In many high-stakes applications, **confidence calibration** is critical. Traditional accuracy-based metrics (Accuracy, F1) ignore prediction confidence. Consider:

* **Cancer Diagnosis**: Differentiating 51% vs. 99% confidence in malignancy
* **ICU Triage**: Overconfident mispredictions risk patient safety
* **Autonomous Vehicles**: Handling uncertainties about obstacles
* **Financial Risk Modeling**: Pricing and investment decisions
* **Security Threat Detection**: High-confidence false negatives

**Accuracy** or **F1** score alone cannot capture this nuance.

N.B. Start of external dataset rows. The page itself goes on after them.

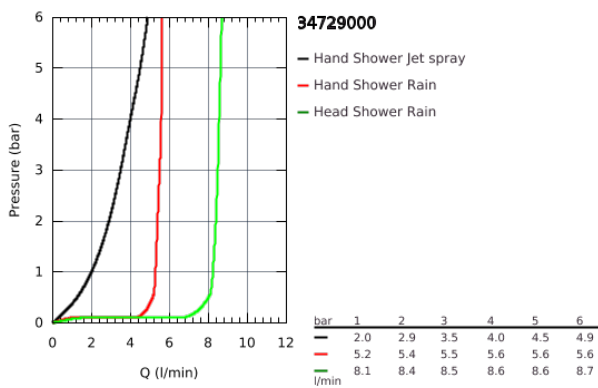

34 729 000 PERFECT SHOWER SET WITH TEMPESTA 210

PRODUCT DESCRIPTION

- Consisting of:
- Grohtherm set for final installation with Aquadimmer (24 079)
- GROHE Rapido SmartBox 35 600/35 604
- head shower Tempesta 210 9.5 l/min (26 410)
- Shower arm Rainshower 286 mm (28 576 000)
- hand shower Tempesta 100 II (27 597)
- Shower outlet elbow (28 628 000)
- Rotaflex shower hose 1500 mm 1/2" x 1/2" (28 409)

34 729 000 PERFECT SHOWER SET WITH TEMPESTA 210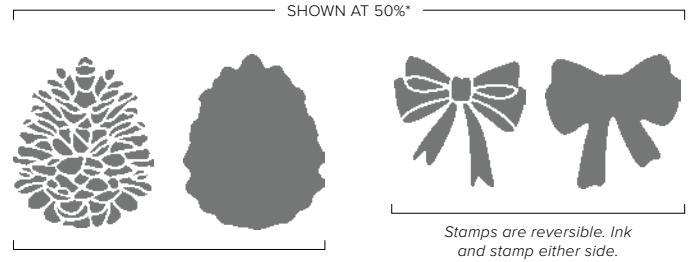

PRECIOUS PINECONES • 162175 | 27,00 € | £21.00
11 photopolymer stamps (suggested clear blocks: a, b, c, d)

## Limitations of Brier Score & Log Loss

Brier Score (Mean Squared Error, MSE, Quadratic Score) and Log Loss (Cross-Entropy, Negative Log-Likelihood, NLL, Logarithmic Score) are strictly proper scoring rules, rewarding calibration. However, they can still favor incorrect predictions over correct ones. Example: 

| Vector | True Label (Y) | Predicted Probabilities (P) | Brier Score | Log Loss | State |
|--------|----------------|-----------------------------|-------------|----------|-------|
| **`A`**  | `[0, 1, 0]`    | `[0.33, 0.34, 0.33]`        | 0.6534      | 0.4685   |   Correct |
| **`B`**  | `[0, 1, 0]`    | `[0.51, 0.49, 0.00]`        | 0.5202      | 0.3098   |   Incorrect |  

Both MSE and Log Loss favor B over A, contradicting the principle of rewarding correct predictions.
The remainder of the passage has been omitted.